Он сделал выразительный жест.

— Что более вероятно — что он вспомнит незнакомку во всех подробностях или что даже то слабое впечатление, которое оставалось от нее, окончательно сотрется из памяти, оставив лишь пустое место?

Эта мысль долго не давала мне покоя. Я постоянно возвращался к ней, с каждым разом все больше убеждаясь в своей правоте. Однажды я уже собрался было прийти сюда, но решил вторично все обдумать. Потом я раз или два поговорил с мисс Ричмен…

Хендерсон вытянул шею:

— Я начинаю понимать, в чем дело.

Детектив тотчас резко оборвал его:

— Ничего вы не понимаете! Может быть, вы думаете, что это она пришла ко мне и в конце концов как–то на меня повлияла. Все было совсем не так. Я сам нашел ее и явился, чтобы поговорить с ней — чтобы сказать ей все то, что я сегодня сказал вам. С тех пор, не буду скрывать, она приходила ко мне несколько раз, но не в управление, а домой, и мы еще несколько раз обсуждали ваше дело. Но это ничего не значит. Ни мисс Ричмен, ни кто–либо другой не могут убедить меня в том, во что я сам не верю. Если я в чем–то меняю свое мнение, то только тогда, когда сам прихожу к определенному заключению, а не когда меня побуждают. Если я пришел сюда, то по своей собственной инициативе. Я пришел не потому, что она меня попросила. Она даже не знала, что я собираюсь сюда. Я и сам не знал, пока не пришел.
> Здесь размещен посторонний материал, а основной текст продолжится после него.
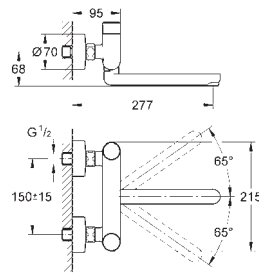

36 319 000

chrome

492.00

Eurosmart Cosmopolitan T
Self-closing basin mixer with mixing device
and adjustable temperature limiter

wall mounted
GROHE StarLight chrome finish
GROHE EcoJoy technology for less water and perfect flow
laminar flow straightener 9 l/min., swivel cast spout 200 mm
swivel range stop at 130°, lockable
3 adjustable flow times: short - medium - long
(factory setting: medium), approx. 7, 15, 30 sec
(pressure dependent)
pressure range 0.5 to 6 bar
S-unions, non-return valve
dirt strainers

Он принялся расхаживать взад и вперед.

— Ну что же, я облегчил душу. Я не отказываюсь от собственных слов. Я сделал свою работу так, как должен был сделать при сложившихся обстоятельствах. Нельзя требовать от человека большего.

Хендерсон не отвечал. Он сидел, задумчиво разглядывая пол, и молча размышлял. Он выглядел значительно менее ожесточенным, чем в начале. Тень, отбрасываемая Берджессом, металась туда–сюда мимо него. Он не обращал на это никакого внимания.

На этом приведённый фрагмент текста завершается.